Reputation: 91
I want to combine 2 file CSV data, but not all data. e.g: a.csv + b.csv, where b.csv have 20 data. But I want to take only 10 data from that, and then take 11-20 data. Or the first 10 and the second 10
Then insert the first 10 data into a.csv, and the second 10 data into a.csv too My Question is how can I take only specific total data?
Here is my code:
import pandas as pd
df1 = pd.read_csv('testNegatif.csv')
df2 = pd.read_csv('trainNegatif.csv', nrows=10)
output=df1.append(df2)
output.to_csv("output.csv", sep=',')
I expect the result return that I want, but the actual result is combining all data.
Upvotes: 0
Views: 840
Reputation: 22443
As mentioned in my comment, you can use nrows
import pandas as pd
df1 = pd.read_csv('testNegatif.csv')
df2 = pd.read_csv('trainNegatif.csv', nrows=10)
output=df1.append(df2)
output.to_csv("output.csv", sep=',')
See: https://pandas.pydata.org/pandas-docs/stable/reference/api/pandas.read_csv.html for more options
Upvotes: 0
Reputation: 23753
Without using Pandas. Read the lines of each file; add ten lines from one file's data to the other; write the result to another file.
with open('a.csv') as f:
data = f.readlines()
with open('b.csv') as f:
bdata = f.readlines()
data.extend(bdata[:10])
with open('output.csv', 'w'):
f.writelines(data)
If the files are HUGE and you don't want to read the entire contents into memory, use some itertools functions.
import itertools
with open('a.csv') as a, open('b.csv') as b, open('output.csv', 'w') as out:
first_ten = itertools.islice(b, 10)
for line in itertools.chain(a, first_ten):
out.write(line)
Assumes both files have the same number of columns.
Upvotes: 0
Reputation: 1
import pandas as pd
import numpy as np
# Creating two dataframes with data that overlap, so we don't want all of the 'b' data.

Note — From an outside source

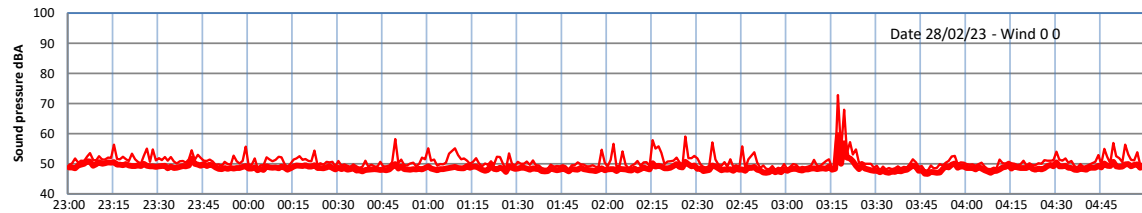

WILTON - SOUTH GATEHOUSE NIGHTTIME LEVELS - WEEK NUMBER 9

Time
— Lazenby — Laz max — Site — Site max

# We want to strip off '3,4,5' as they exist in 'a' as well
# ----------Creating the data frames----------
a = [1,2,3,4,5]
b = [3,4,5,6,7,8,9,10]
dfa = pd.DataFrame(a)
dfa.to_csv('one.csv', index=False)
dfb = pd.DataFrame(b)
dfb.to_csv('two.csv', index = False)
# ---------------------------------------------
# --------Reading through the dataframes-------
one = pd.read_csv('one.csv')
two = pd.read_csv('two.csv')
# ---------------------------------------------
# Stripping off the first 3 data of 'two' the list
output = one.append(two[3:])
output.to_csv("output.csv", sep=',', index=False)
# ---------------------------------------------
I hope this answers your question. The important part for you is output = one.append(two[3:])
. There are more sophisticated ways to do the same thing but this is the simplest.
Upvotes: 0